The delay time calculation and distribution circuit 13 first sends a detonation signal to the detonator at the detonation point 1. As a result, the detonator ignites, and a detonation wave is generated from the detonation point 1 due to the ignition of the detonator. This roar wave advances toward the piece FB. Next, the circuit 13 sets the initiation point 1 according to the calculated delay time.
A detonation signal is sent to the detonator at the detonation point 2 t2 hours after the detonator is activated. As a result, the detonator ignites and a detonation wave is generated, and this detonation wave advances toward the projectile FB. In this way, the detonation wave generated at each detonation point with a delay time,
At the same time, it reaches the projectile FB, where it collides and concentrates and acts on the projectile FB. Due to the concentrated burst energy, the bullet FB is
It is strongly emitted in the pointing direction with a high initial velocity.

[0023]

EFFECTS OF THE INVENTION Since the present invention is configured as described above, the detonation waves generated at each initiation point can reach the ejecting bullets at the same time. As a result, the expelled projectile is strongly expelled in the pointing direction with a high initial velocity due to the concentrated burst energy. Therefore, according to the present invention, the power of the warhead can be maximized and the directivity of the warhead can be significantly improved without increasing the volume and weight of the warhead.

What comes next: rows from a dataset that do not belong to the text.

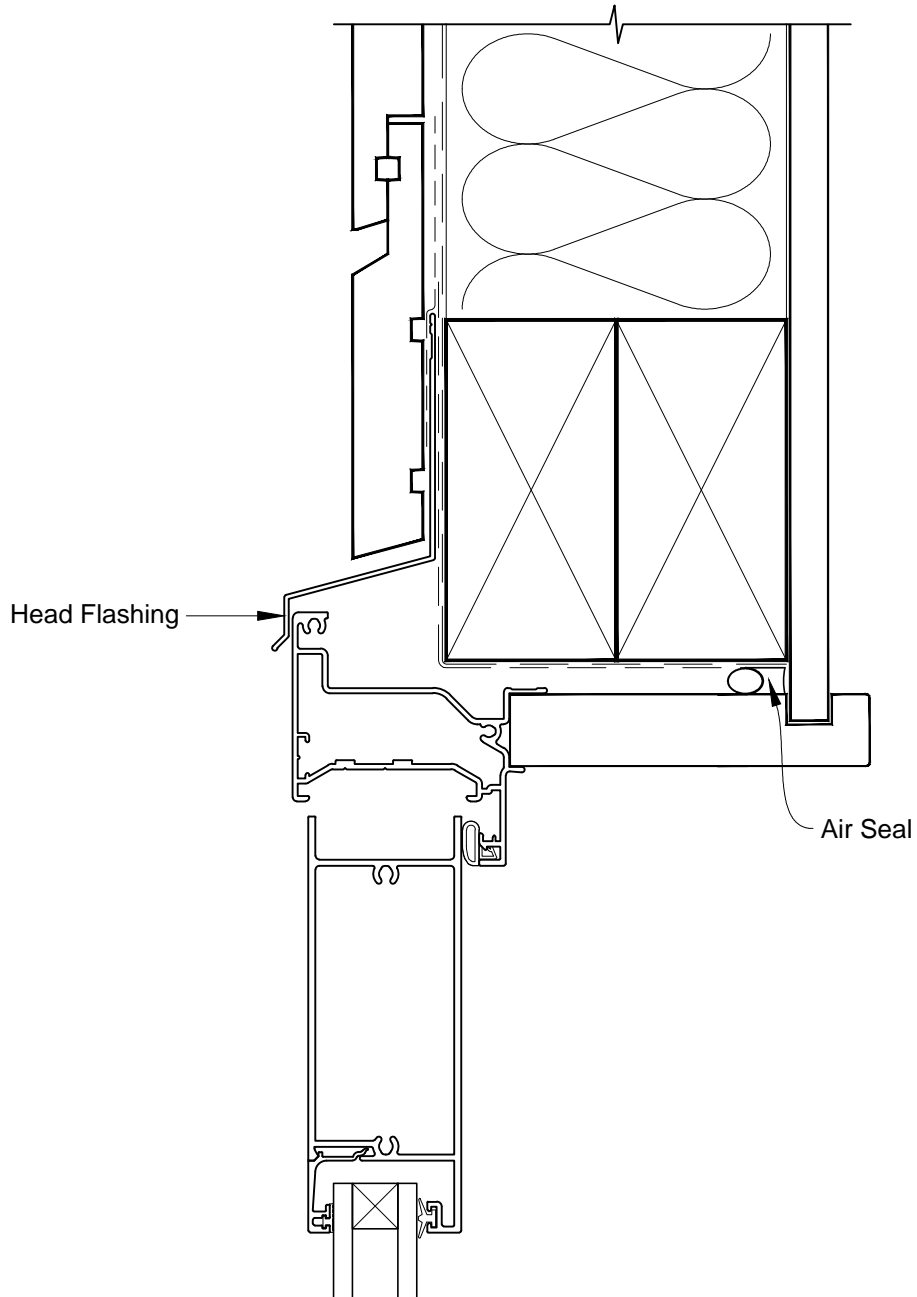

**INSTALLATION DETAIL - METRO SERIES
HINGED DOOR OPEN OUT ON RUSTICATED WEATHERBOARD
CAVITY CONSTRUCTION**

Date: 01.03.14 Scale: 1:2 CAD Ref.: MSHORW-CH

**INSTALLATION DETAIL - METRO SERIES
HINGED DOOR OPEN OUT ON RUSTICATED WEATHERBOARD
CAVITY CONSTRUCTION**

Date: 01.03.14 Scale: 1:2 CAD Ref.: MSHORW-CJ

**INSTALLATION DETAIL - METRO SERIES
HINGED DOOR OPEN OUT ON RUSTICATED WEATHERBOARD
CAVITY CONSTRUCTION**

Date: 01.03.14

Scale: 1:2

CAD Ref.: MSHORW-CS

**INSTALLATION DETAIL - METRO SERIES
HINGED DOOR OPEN OUT ON RUSTICATED WEATHERBOARD
DIRECT FIXED CLADDING**

Date: 01.03.14 Scale: 1:2 CAD Ref.: MSHORW-DH

**INSTALLATION DETAIL - METRO SERIES
HINGED DOOR OPEN OUT ON RUSTICATED WEATHERBOARD
DIRECT FIXED CLADDING**

Date: 01.03.14 Scale: 1:2 CAD Ref.: MSHORW-DJ

**INSTALLATION DETAIL - METRO SERIES
HINGED DOOR OPEN OUT ON RUSTICATED WEATHERBOARD
DIRECT FIXED CLADDING**

Date: 01.03.14 Scale: 1:2 CAD Ref.: MSHORW-DS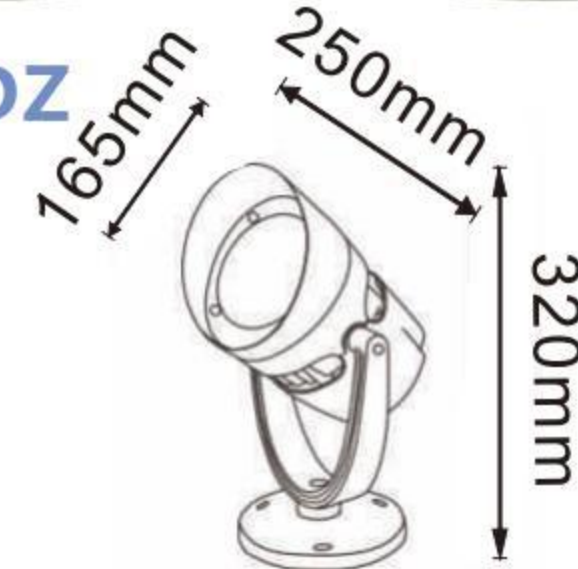

XYFLP-165-DZ		XYFLP-165H-DZ	
外壳材质:	压铸铝ADC12	外壳材质:	压铸铝ADC12
Lighting material	Die cast aluminum ADC12	Lighting material	Die cast aluminum ADC12
防护等级:	Ip65	防护等级:	Ip65
Protection level	Ip65	Protection level	Ip65
产品尺寸:	Φ165x180xH320mm	产品尺寸:	Φ165x250xH320mm
Product Size	Φ165x180xH320mm	Product Size	Φ165x250xH320mm
铝基板尺寸:	120mm	铝基板尺寸:	120mm
Aluminum base plate size	120mm	Aluminum base plate size	120mm
电源盒尺寸:	75x75x60mm	电源盒尺寸:	75x75x60mm
Power box size	75x75x60mm	Power box size	75x75x60mm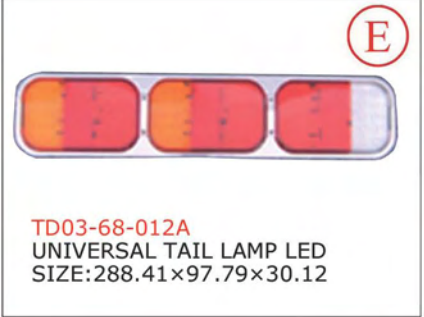

(E)

**TD03-68-009**  
UNIVERSAL TAIL LAMP LED

(E)

**TD03-68-010**  
UNIVERSAL TAIL LAMP WITH 30  
LED

(E)

**TD03-68-011A**  
UNIVERSAL TAIL LAMP LED

ADR

**TD03-68-022**  
UNIVERSAL TAIL LAMP WITH 84 LED  
SIZE:4.73"×4.73"×2.5"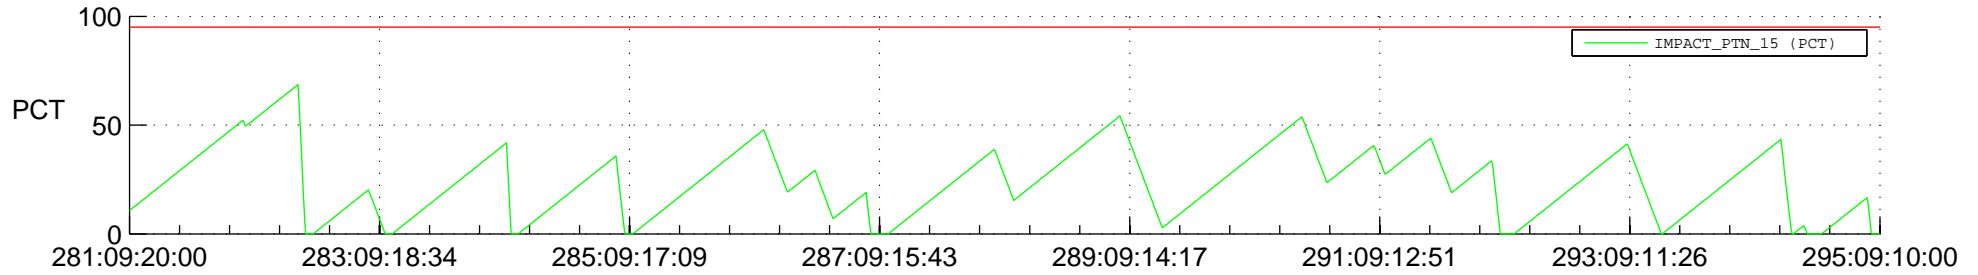

STEREO AHEAD SSR PCT Full Prediction

SWAVES_Percent_Full_Prediction

IMPACT_Percent_Full_Prediction

PLASTIC_Percent_Full_Prediction

Spacecraft_DownLink_Rate

Ground Time (2013:281:09:20:00.000 -2013:295:09:10:00.000)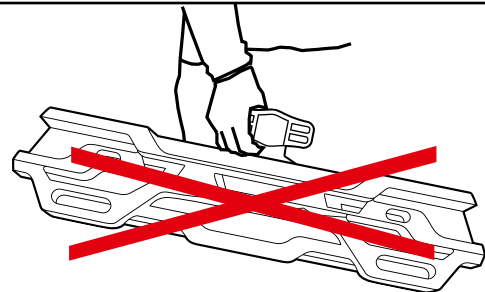

- 1 Detach mount plate from Diamond Finger.
- 2 Install the mount according to the wall structure requirements to a straight and clean section of the wall.
- 3 Attach the Diamond Finger to the mount plate according to picture.

- 4 Attach silicon mount to your mobile phone as on illustration.

- 5 Attach mobile phone with the help of the silicon mount to the frame. Make sure the mobile sits well and is tight to the frame.

Warning misuse

Never carry the Diamond Finger on the tilt mechanism.

Max 1 Person / 100 kg

Type S (studio, climbing gym) and H (home).
The Diamond Finger is suitable as training equipment both for the use at home as well as public studios or climbing gyms.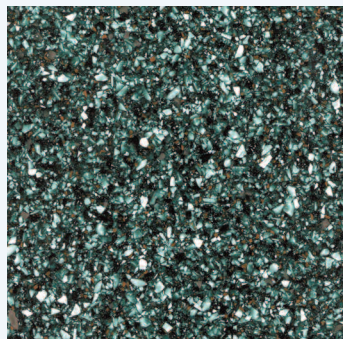

COLOR SELECTION

2008 SHELL COLORS

Natural Series

Sand

Natural Series

Ponderosa Pine

Metallic Series

Summer Sky

Altair® Opals

Silver Marble

Altair® Opals

Midnight Opal

Mineral Series

Cinnabar

Mineral Series

Aluminum

Samples represent photo reproduction of material. See dealer samples for the most accurate representation of color and texture. See your Saratoga Spa® dealer for more information.

[Brief description of drawings]

FIG. 1 is a schematic view of a projectile equipped with a directional warhead equipped with a detonation control device according to the present invention.

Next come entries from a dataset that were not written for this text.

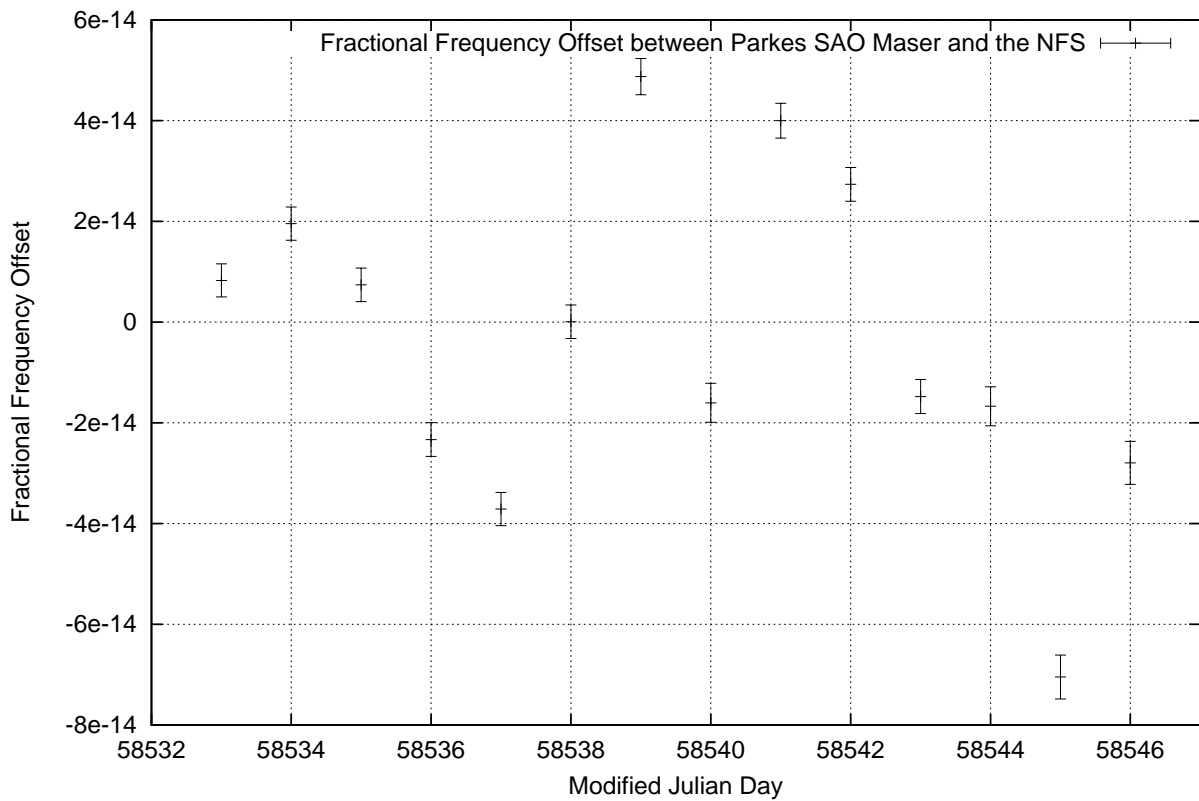

GPS Common-View Time-Transfer between ATNF Parkes and NMI Sydney

Tue Mar 05 22:26:13 2019

GPS Common-View Frequency Transfer between ATNF Parkes and NMI Sydney

Tue Mar 05 22:26:13 2019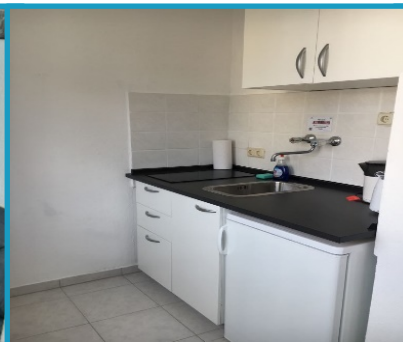

Studio Apartment Mocca

Ludwigstraße 4-6, Dortmund

Dortmund Flats

TOP LOCATION | FLEXIBILITY | QUALITY

Fully furnished apartment
for 2-4 persons:

- ✓ Central location
- ✓ Excellent inbound logistics (main train station, Reinoldikirche)
- ✓ 25 m² in size
- ✓ Fully-equipped separate kitchen: Toaster, electric kettle and coffee machine
- ✓ Vacuum cleaner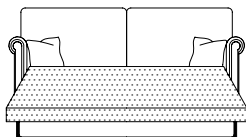

Sofa Bed
100H x 209W x 98D cms
Mattress size 135W x 183L cms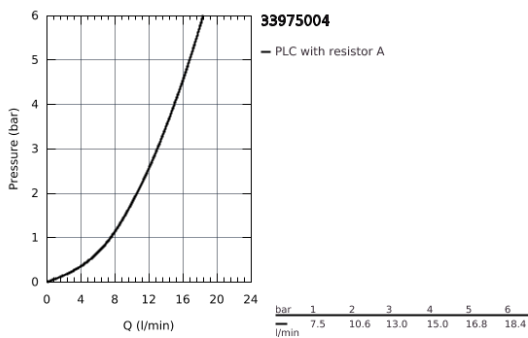

33 975 004 EUROSTYLE COSMOPOLITAN SINGLE-LEVER SINK MIXER 1/2"

PRODUCT DESCRIPTION

- high spout
- monobloc installation
- **GROHE StarLight** chrome finish
- **GROHE SilkMove** 35 mm ceramic cartridge
- **GROHE Zero** isolated inner water ways - lead and nickel free within the tap
- mousseur
- adjustable flow rate limiter
- swivel tubular spout
- selectable swivel area : 0° / 150°

- flexible connection hoses

- **GROHE FastFixation** rapid installation system

33 975 004 **EUROSTYLE COSMOPOLITAN SINGLE-LEVER SINK MIXER 1/2"**

33 975 004 EUROSTYLE COSMOPOLITAN SINGLE-LEVER SINK MIXER 1/2"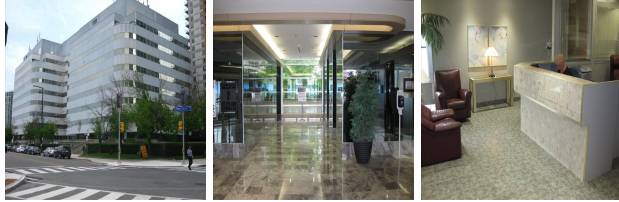

# 55 Town Centre Court, Suite 700, Toronto, Ontario, Canada

View this office online at:

<https://www.newofficeamerica.com/details/serviced-offices-55-town-centre-court-suite-700-toronto-ontario>

Affordable and comfortable office space is available at this business centre which was established in 1985. The serviced offices are fully furnished and equipped with high speed internet access, Wi-Fi and complimentary tea and coffee with tenants being able to access the building day or night. You will also benefit from personalised telephone answering, mail, fax and courier services to save you time and energy while the three conference rooms create the ideal setting for projecting a good corporate image for your business.

## Key features

- 24 hour access
- Administrative support
- Bike racks
- Board room
- Car parking spaces
- Cat 6 networking or higher
- Central heating
- Comfortable lounge
- Conference rooms
- Disabled facilities (DDA/ADA compliant)
- Furnished workspaces
- Kitchen facilities
- Lift
- Meeting rooms
- Office cleaning service
- Restaurant in the building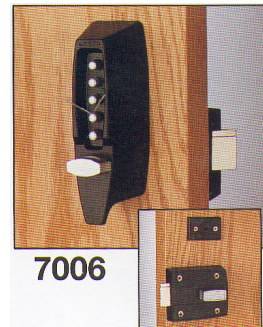

UNICAN DIGITAL LOCK

Deadlocking latch with automatic relocking

7004

7004SC UNICAN SATIN CHROME DIGITAL LOCK

7004PL UNICAN POLISHED BRASS DIGITAL LOCK

7006SC UNICAN RIM DIGITAL LOCK

7006

Spring latch

- Deadlatching trigger prevents prying the latch back when the door is closed.
- Automatically relocks, except when latch holdback feature is activated

**SIMPLEX®
900
Series**

919 BRASS OR SATIN CHROME DIGITAL LOCK

**Series
1000**

1011 UNICAN BRASS OR SC DIGITAL LOCK

**1021 UNICAN BRASS OR SC DIGITAL LOCK
(WITH KEY OVERRIDE)**

FIG. 2 is a block diagram of the directional warhead.

FIG. 3 is a view showing a relationship between an initiation point of the warhead and a discharging bullet.

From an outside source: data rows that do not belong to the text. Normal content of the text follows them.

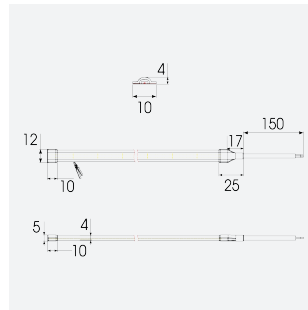

# C-Cell COB LED Strip

C-Cell 24V 14W IP20 RGB 50m  
**Code: C/24/04/20/03/00/S05/01**

Category	LED Strip
Application	Hospitality, Residential, Retail
Specification	Architectural

## PRODUCT FEATURES

- C-CELL dot-free LED strip suitable for residential, hospitality and retail applications
- Single colour, RGB and tunable white flexible LED strip with self-adhesive back
- Large strip pack sizes and multiple connector packs offers great time saving and ease when working on a large scale project. Joint and connection accessories sold separately
- Continuous phosphor, uniform dot-free output provides seamless light output for enhanced aesthetic appearance and allows product to be showcased as main lighting source, offering great installation versatility
- Fast fit plug and play connections remove the need for time consuming soldering of joints
- High CRI 90 ensures the highest quality white light output
- 840

GENERAL INFORMATION	
Wattage	14W/m
Beam Angle	140
CCT	RGB
Input	24V
Operating Temp	-20°C - 45°C
Product Weight without Packaging	0.7 kg

TECHNICAL INFORMATION	
Light Source	LED
IP Rating	IP20
Class Protection	3
Internal / External	Internal
Surface / Recessed / Suspended	Ceiling, Recessed, Wall
Lumen Depreciation	L70 36,000h
Warranty (Years)	5
CE Mark	Yes
Height	2 mm
LED Strip LEDs Per Metre	840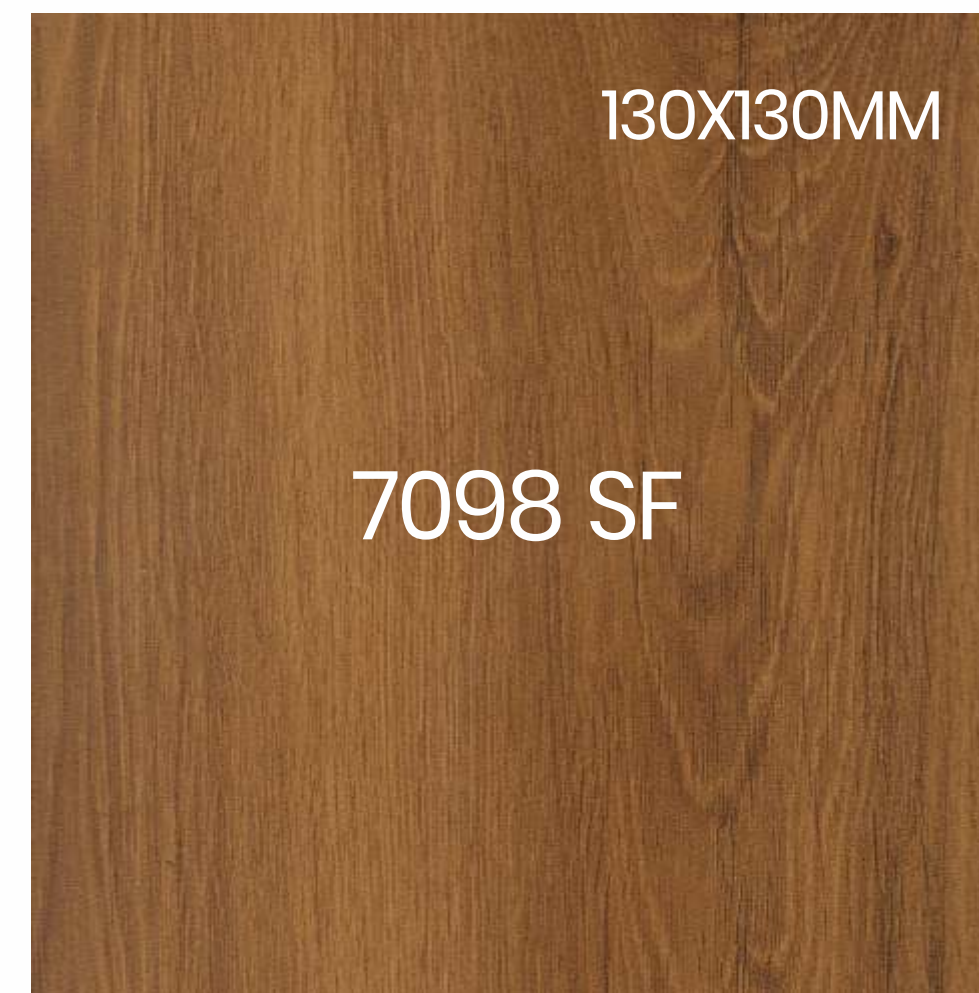

130X130MM

7098 SF

7098 SF | VENICE OAK

FIG. 4 is a perspective view showing an example of a conventional collision type warhead.

FIG. 5 is a view showing the relationship between the detonator and the target in the same warhead.

FIG. 6 is a cross-sectional view of a conventional center-fire type warhead.

FIG. 7 is a cross-sectional view of a conventional eccentric type warhead.

FIG. 8 is a sectional view of a conventional eccentric collision type warhead.

[Explanation of symbols]

 1,2,3 ... Initiation point 10 Warhead 11 Explosive 12 Sensor (target detection device) 13 Delay time calculation and distribution circuit FB Bullet piece

 ─────────────────────────────────────────────────── ─── Continuation of the front page (72) Inventor Haruo Imoto 1200, Higashi-Tanaka, Komaki City, Aichi Prefecture Mitsubishi Heavy Industries, Ltd. Nagoya Induction Propulsion System Works

Claims (1)

[Claims] 1. A warhead having a rotary body shape and filled with an explosive charge inside, a target detecting means for detecting a target, a plurality of detonators arranged on the circumference of the explosive charge, and controlling these detonators. A detonation control device for a directional warhead comprising a detonation control device for: a) selecting a projectile piece according to the output signal of the target detection means; and b) a line connecting the center O of the warhead and the target T. The distance D between the ejecting piece and the detonator is determined by the angle θ formed by the minute OT and the line segment connecting the ejecting piece and the detonator, and the diameter of the array circle of the detonator, and c) the angle θ The order of operation of the detonators is determined according to the size, the detonator with the smallest angle θ is activated first, and the detonator with the second smallest angle θ is actuated next after a predetermined time has elapsed. There is a time delay from the detonator to the one with a larger angle. Activating the detonator, and d) calculating the time delay between the two detonators operating with a time delay by dividing the difference in the distance D between the two detonators by the explosive burning velocity. A detonation control device characterized by being configured as follows.